Humphrey: Training on Illinois’ new Restrictive Covenant Statute and developing a process for management teams involved with hiring to comply with the statute should occur before Jan. 1, 2022. Periodic training that covers steps a management team can take to protect confidential information and what a manager should do when they become aware of the actual or potential improper use and/or disclosure of confidential information is always a good thing and can be part of any confidential information or data protection plan.

Friedel: The most important training for management teams is in performance management, which has gotten much more difficult with a remote workforce, when employees and managers interact informally on a less frequent basis. Shortfalls in performance management are a huge issue in defending against unfair termination claims. But failing to effectively manage employees’ performance also plays into employee engagement.
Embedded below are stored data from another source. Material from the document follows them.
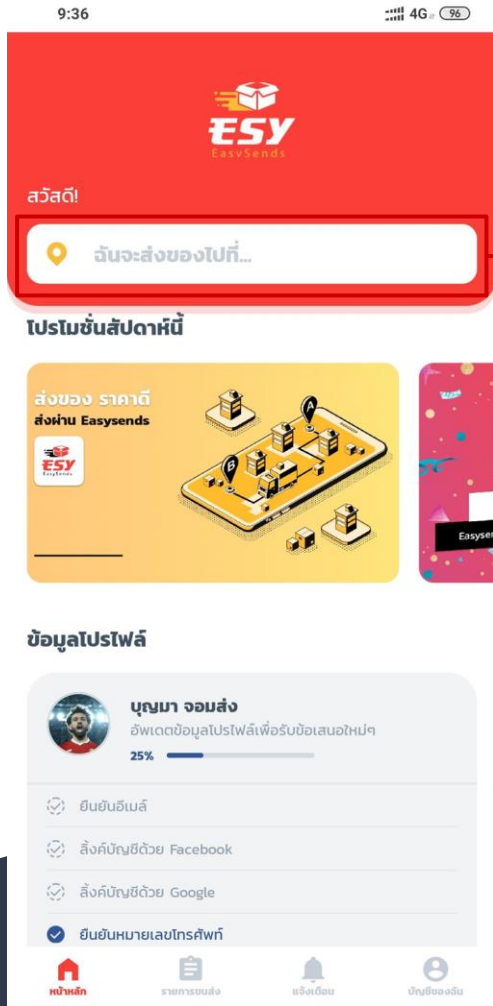

วิธีการส่งของ แบบฝากส่ง

บริการฝากส่งเป็นบริการส่งของผ่านทางรถที่มีเส้นทางนั้นๆอยู่แล้ว

1. กด "ฉันจะส่งของไปที่" เพื่อจะเปิดรายการฝากส่งของ

2. พิมพ์ชื่อสถานที่ที่อยู่ผู้รับ หรือสถานที่ใกล้เคียง หรือ กด "เลือกบนแผนที่" กรณีต้องการเลือกสถานที่บนแผนที่

3. รายการเลือกสถานที่ที่ต้องการจะส่ง

รายละเอียด

Fortune Town

รับที่ไหน, จุดส่งแก่, เลขต่างๆ อื่นๆ

บุษมา จอมส่ง

0000000003

จัดส่งครบรูป

รับที่ไหน, จุดส่งแก่, เลขต่างๆ อื่นๆ

Employees crave feedback, and when performance management isn’t effective, it leads to disengagement, which is dangerous in our current labor market.
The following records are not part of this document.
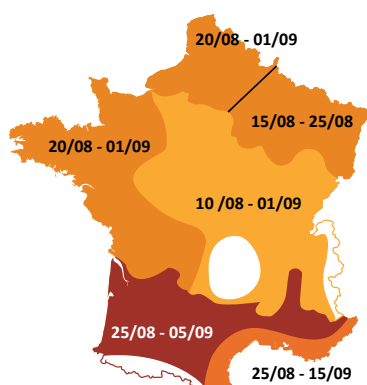

Colza

Profil variétal

Type : hybride restauré « 00 »

Précocité : demi-précoce à maturité

Inscription : UE 2019

Taille : haute (159 cm)

PMG : fort (4,4 g)

Huile : Moyenne à élevée (44,9 à 46,4%)

L'essentiel

Colza demi-précoce à maturité

- CELEBRITI CS, demi-précoce à maturité, est doté d'un bon PMG.
- Sa précocité de floraison est demi-tardive et en fin de cycle la dessiccation des siliques et des grains est rapide.

Colza TPS Phoma

- CELEBRITI CS possède 2 types de résistances : quantitative et spécifique de très haut niveau.
- Note G2 2018 : 0,99

Conseils

Les zones de culture

- Dates de semis préconisées :

Profil agronomique et sanitaire

What employment law changes are you anticipating for early 2022?

Cox: In addition to the changes to Illinois law regarding non-competes and non-solicit covenants, I anticipate potentially expanded OSHA rules and increased enforcement, and increased employer regulations. Employers should also be aware that penalties under our state wage payment law increased, and are steep. There also are several pieces of pending legislation at the federal level including legislation aimed at holding employers accountable for systemic pay discrimination; prohibiting employers from requiring employees to sign pre-dispute arbitration agreements; bolstering reasonable accommodations for qualified applicants and employees affected by pregnancy, childbirth or related medical conditions; and enhancing the power of workers to organize and collectively bargain.
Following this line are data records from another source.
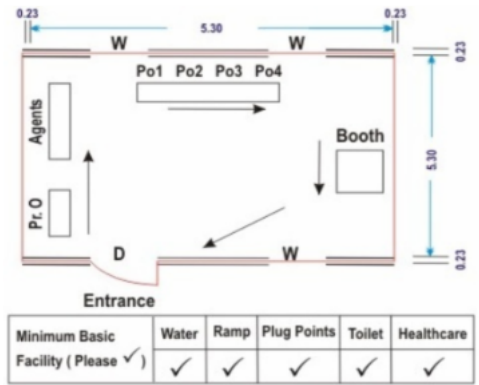

Google Map View

Polling Station Building Front View

Polling Station Front View

Cad View

Key MAP View

1 பெயர் : ஜெயகாந்தி கணவர் பெயர்: மோகனவேலு வீட்டு எண் : 1 வயது : 71 பாலினம் : பெண் Photo is available	XKR1567890	2 பெயர் : ரவி தந்தை பெயர்: தேவநாதன் வீட்டு எண் : 1 வயது : 63 பாலினம் : ஆண் Photo is available	XKR1082395	3 பெயர் : வேணுகோபால் தந்தை பெயர்: வெள்ளப்பன் வீட்டு எண் : 1ஏ வயது : 61 பாலினம் : ஆண் Photo is available	XKR2085587
4 பெயர் : கீதா கணவர் பெயர்: வேணுகோபால் வீட்டு எண் : 1ஏ வயது : 54 பாலினம் : பெண் Photo is available	XKR2085546	5 பெயர் : கோதை நாச்சியர் தந்தை பெயர்: அண்ணாமலை வீட்டு எண் : 1ஏ வயது : 22 பாலினம் : பெண் Photo is available	XKR2666501	6 பெயர் : சந்திரசேகர் தந்தை பெயர்: சுந்தரமூர்த்தி வீட்டு எண் : 1 - ஏ வயது : 22 பாலினம் : ஆண் Photo is available	XKR2713030
7 பெயர் : தமிழரசன் தந்தை பெயர்: ராமகிருஷ்ணன் வீட்டு எண் : 1C வயது : 32 பாலினம் : ஆண் Photo is available	XKR1217215	8 பெயர் : அசோக் தந்தை பெயர்: செல்வராஜ் வீட்டு எண் : 2 வயது : 49 பாலினம் : ஆண் Photo is available	XKR0495911	9 பெயர் : கலைவாணி கணவர் பெயர்: அசோக் வீட்டு எண் : 2 வயது : 40 பாலினம் : பெண் Photo is available	XKR0495705
10 பெயர் : கன்னியம்மாள் தந்தை பெயர்: ஜெயபால் வீட்டு எண் : 2 வயது : 36 பாலினம் : பெண் Photo is available	XKR0495804	11 பெயர் : ராணி கணவர் பெயர்: மதுரை வீட்டு எண் : 2-1 வயது : 69 பாலினம் : பெண் Photo is available	XKR2386803	12 பெயர் : கண்ணன் தந்தை பெயர்: ராமநாதன் வீட்டு எண் : 2-2 வயது : 56 பாலினம் : ஆண் Photo is available	EZZ3580909
13 பெயர் : செல்வி கணவர் பெயர்: கண்ணன் வீட்டு எண் : 2-2 வயது : 50 பாலினம் : பெண் Photo is available	EZZ3581469	14 பெயர் : சாந்தி கணவர் பெயர்: ஜெயபால் வீட்டு எண் : 2-3 வயது : 56 பாலினம் : பெண் Photo is available	EZZ3574894	15 பெயர் : ரேவதி தந்தை பெயர்: ஜெயபால் வீட்டு எண் : 2-3 வயது : 39 பாலினம் : பெண் Photo is available	EZZ3574902
16 பெயர் : தனலட்சுமி தந்தை பெயர்: கண்ணன் வீட்டு எண் : 2-30 வயது : 29 பாலினம் : பெண் Photo is available	XKR1802560	17 பெயர் : சரவணன் தந்தை பெயர்: கண்ணன் வீட்டு எண் : 2/30, வயது : 26 பாலினம் : ஆண் Photo is available	XKR2085058	18 பெயர் : வாசுதேவன் தந்தை பெயர்: கோவிந்தராஜ் வீட்டு எண் : 3 வயது : 52 பாலினம் : ஆண் Photo is available	XKR1743905
19 பெயர் : பார்த்தசாரதி தந்தை பெயர்: அய்யனார் வீட்டு எண் : 3 வயது : 29 பாலினம் : ஆண் Photo is available	XKR2026573	20 பெயர் : சதீஷ் தந்தை பெயர்: ஐய்யனார் வீட்டு எண் : 3, வயது : 26 பாலினம் : ஆண் Photo is available	XKR2085231	21 பெயர் : தில்லைநாயகி கணவர் பெயர்: செல்வராஜ் வீட்டு எண் : 3-1 வயது : 55 பாலினம் : பெண் Photo is available	XKR2386829
22 பெயர் : நந்தினி தந்தை பெயர்: காமராஜ் வீட்டு எண் : 3/2 வயது : 20 பாலினம் : பெண் Photo is available	XKR2776672	23 பெயர் : வா செள ஷிவானி தந்தை பெயர்: வாசுதேவன் வீட்டு எண் : 3/33 வயது : 21 பாலினம் : பெண் Photo is available	XKR2701480	24 பெயர் : கன்னியம்மாள் தந்தை பெயர்: தணிகாசலம் வீட்டு எண் : 4 வயது : 56 பாலினம் : பெண் Photo is available	XKR1439140
25 பெயர் : அபர்ணா கணவர் பெயர்: கணேசன் வீட்டு எண் : 4உ, ஷிவானி அடுக்ககம் வயது : 55 பாலினம் : பெண் Photo is available	XKR2659100	26 பெயர் : பொன்னம்மாள் கணவர் பெயர்: சிங்காரம் வீட்டு எண் : 6 வயது : 73 பாலினம் : பெண் Photo is available	XKR0263061	27 பெயர் : பாக்கியலட்சுமி கணவர் பெயர்: முனியப்பன் வீட்டு எண் : 6 வயது : 46 பாலினம் : பெண் Photo is available	XKR1594514
28 பெயர் : ஷர்மிளா பிரியதர்ஷினி தந்தை பெயர்: அறுமுகம் வீட்டு எண் : 6 வயது : 30 பாலினம் : பெண் Photo is available	XKR1440155	29 பெயர் : ஆபேல் தந்தை பெயர்: அன்புமாணிக்கம் வீட்டு எண் : 6-1/22ஏ வயது : 61 பாலினம் : ஆண் Photo is available	XKR2386837	30 பெயர் : செல்வி கணவர் பெயர்: ஆபேல் வீட்டு எண் : 6-1/22ஏ வயது : 51 பாலினம் : பெண் Photo is available	XKR2386845

Friedel: The big issue to watch is whether the fact that an employer allowed employees to work remotely for a period because of COVID means that remote work is a reasonable accommodation going forward. In 2020, the EEOC said that allowing employees to work remotely due to COVID didn’t mean that remote work would be a reasonable accommodation later. I don’t think anyone anticipated that offices would be closed for over a year. The EEOC has recently filed a lawsuit saying that a disabled employee who was permitted to work from home during the pandemic could not be required to return to the workplace because remote work was a reasonable accommodation. If the EEOC is successful, it would give lots of employees an avenue to demand remote work under the Americans With Disabilities Act.